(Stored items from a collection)

§ §

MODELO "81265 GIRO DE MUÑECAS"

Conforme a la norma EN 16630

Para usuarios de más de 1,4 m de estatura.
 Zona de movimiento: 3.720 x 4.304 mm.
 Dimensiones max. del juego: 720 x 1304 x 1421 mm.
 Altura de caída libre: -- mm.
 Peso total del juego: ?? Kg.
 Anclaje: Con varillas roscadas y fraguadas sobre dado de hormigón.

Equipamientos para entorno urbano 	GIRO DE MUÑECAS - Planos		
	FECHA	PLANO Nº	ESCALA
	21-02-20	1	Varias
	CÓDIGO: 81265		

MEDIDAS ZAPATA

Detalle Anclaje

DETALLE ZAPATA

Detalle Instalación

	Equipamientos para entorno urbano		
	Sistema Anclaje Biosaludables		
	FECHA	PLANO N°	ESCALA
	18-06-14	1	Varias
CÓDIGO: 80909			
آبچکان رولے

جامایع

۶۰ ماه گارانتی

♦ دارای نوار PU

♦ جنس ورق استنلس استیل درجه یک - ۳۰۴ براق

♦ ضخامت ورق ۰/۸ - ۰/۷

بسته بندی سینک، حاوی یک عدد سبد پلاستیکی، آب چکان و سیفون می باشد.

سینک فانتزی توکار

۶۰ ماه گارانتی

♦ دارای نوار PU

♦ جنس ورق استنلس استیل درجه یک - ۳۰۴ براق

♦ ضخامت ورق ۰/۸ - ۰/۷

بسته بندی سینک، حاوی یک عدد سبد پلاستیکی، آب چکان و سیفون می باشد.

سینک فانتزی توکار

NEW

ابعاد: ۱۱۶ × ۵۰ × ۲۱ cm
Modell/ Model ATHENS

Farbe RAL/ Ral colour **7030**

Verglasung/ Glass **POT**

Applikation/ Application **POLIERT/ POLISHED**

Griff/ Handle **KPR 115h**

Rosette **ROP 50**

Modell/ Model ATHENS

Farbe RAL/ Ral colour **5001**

§ §

* _Required action_
Your task is to retype the records precisely as they stand.

* _Written response_
MODELO "81265 GIRO DE MUÑECAS"

Conforme a la norma EN 16630

Para usuarios de más de 1,4 m de estatura.
 Zona de movimiento: 3.720 x 4.304 mm.
 Dimensiones max. del juego: 720 x 1304 x 1421 mm.
 Altura de caída libre: -- mm.
 Peso total del juego: ?? Kg.
 Anclaje: Con varillas roscadas y fraguadas sobre dado de hormigón.

Equipamientos para entorno urbano 	GIRO DE MUÑECAS - Planos		
	FECHA	PLANO Nº	ESCALA
	21-02-20	1	Varias
	CÓDIGO: 81265		

MEDIDAS ZAPATA

Detalle Anclaje

DETALLE ZAPATA

Detalle Instalación

	Equipamientos para entorno urbano		
	Sistema Anclaje Biosaludables		
	FECHA	PLANO N°	ESCALA
	18-06-14	1	Varias
CÓDIGO: 80909			
آبچکان رولے

جامایع

۶۰ ماه گارانتی

♦ دارای نوار PU

♦ جنس ورق استنلس استیل درجه یک - ۳۰۴ براق

♦ ضخامت ورق ۰/۸ - ۰/۷

بسته بندی سینک، حاوی یک عدد سبد پلاستیکی، آب چکان و سیفون می باشد.

سینک فانتزی توکار

۶۰ ماه گارانتی

♦ دارای نوار PU

♦ جنس ورق استنلس استیل درجه یک - ۳۰۴ براق

♦ ضخامت ورق ۰/۸ - ۰/۷

بسته بندی سینک، حاوی یک عدد سبد پلاستیکی، آب چکان و سیفون می باشد.

سینک فانتزی توکار

NEW

ابعاد: ۱۱۶ × ۵۰ × ۲۱ cm
Modell/ Model ATHENS

Farbe RAL/ Ral colour **7030**

Verglasung/ Glass **POT**

Applikation/ Application **POLIERT/ POLISHED**

Griff/ Handle **KPR 115h**

Rosette **ROP 50**

Modell/ Model ATHENS

Farbe RAL/ Ral colour **5001**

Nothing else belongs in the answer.